There were 5 male and 5 female patients, the mean age was 62.9 years old. All of 5 male patients had smoking history with forty six of mean pack-years, two of them had squamous cell carcinoma, and the remainders had adenocarcinomas. 5 female patients were all non-smokers, 3 of them had adenocarcinomas, one had squamous cell carcinoma, and the remainder had other kind of NSCLC, respectively (Table 1).

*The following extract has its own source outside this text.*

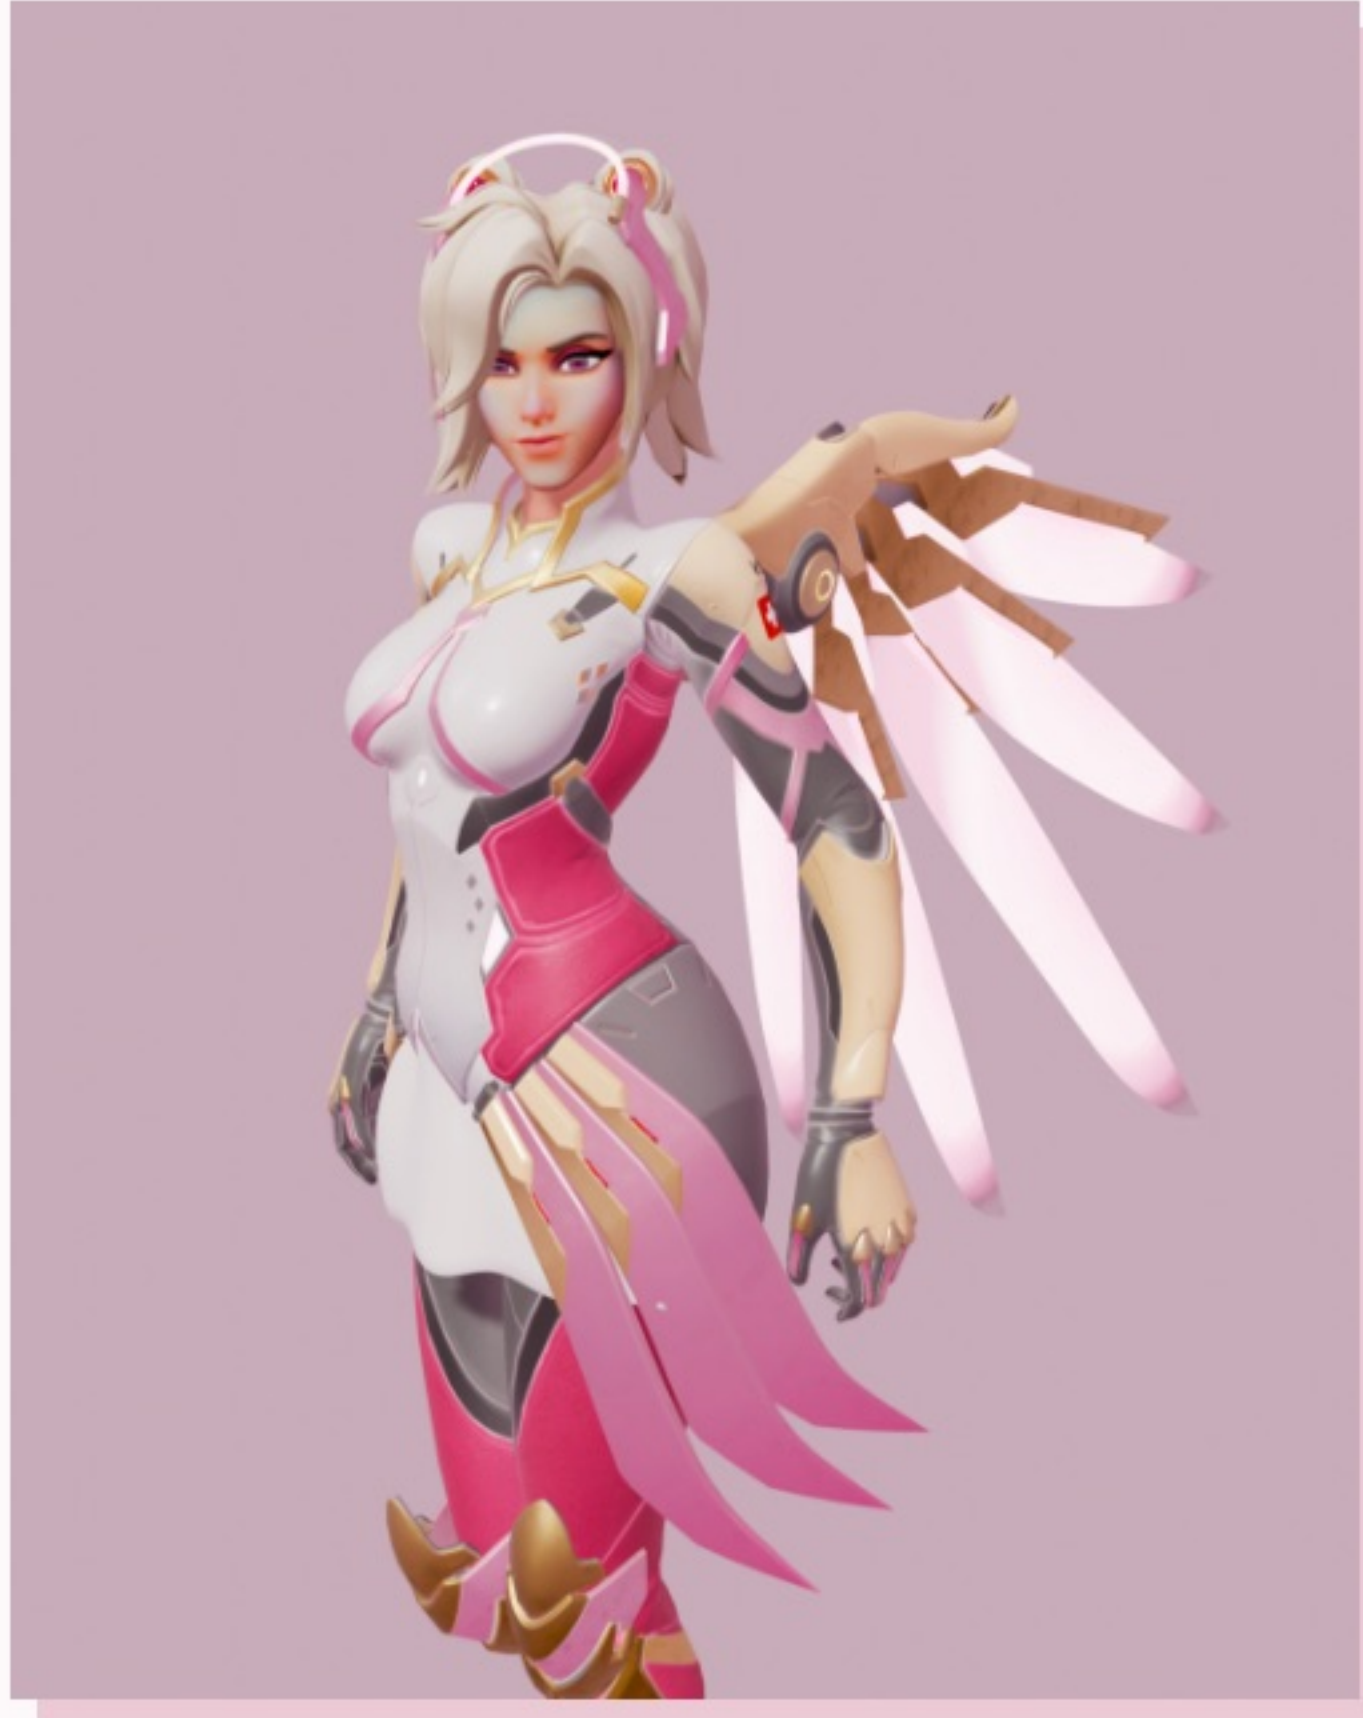

3d models cont.

SAILOR MERCY/MOON

2. Results from microarray

The methylation microarray assay was performed for tumor tissue and adjacent normally-appearing tissue using HpaII-MspI methylation microarray. The PCR was successful for 21 genes (APC, AR, BRCA1, CALCA, CDH13, CFTR, EDN1, EPHA3, H19, HTR1B, LAMA5, LDHB, LTB4R, MTHFR, MUC2, PIK3CG, PTGS2, RAR-b, S100A2, SHP1, and SRBC) from 50 genes, others were not available because of PCR failure (Figure 2). APC, AR, RAR-b, HTR1B, EDHA3, CFTR and were hypermethylated in tumor tissue than adjacent normally appearing tissue. CDH13, CALCA, LAMA5, MTHFR, PIC3CG, S100A2, SHP1, EDN1, H19, MUC2, and LTB4R were commonly methylated in tumor and non-tumor sample and we found that these genes were hypermethylated in normal control, as well (Figure 3). Among the rest of genes excluding aforementioned eleven genes, four genes (SRBC, LDHB, BRCA1, and PTGS2) were not methylated in tumor tissue. Then six genes, APC, AR, RAR-b, HTR1B, EPHA3, and CFTR, finally turned out to be more frequently methylated in tumor tissue and unmethylated in non-tumor tissue and control group (Table 2).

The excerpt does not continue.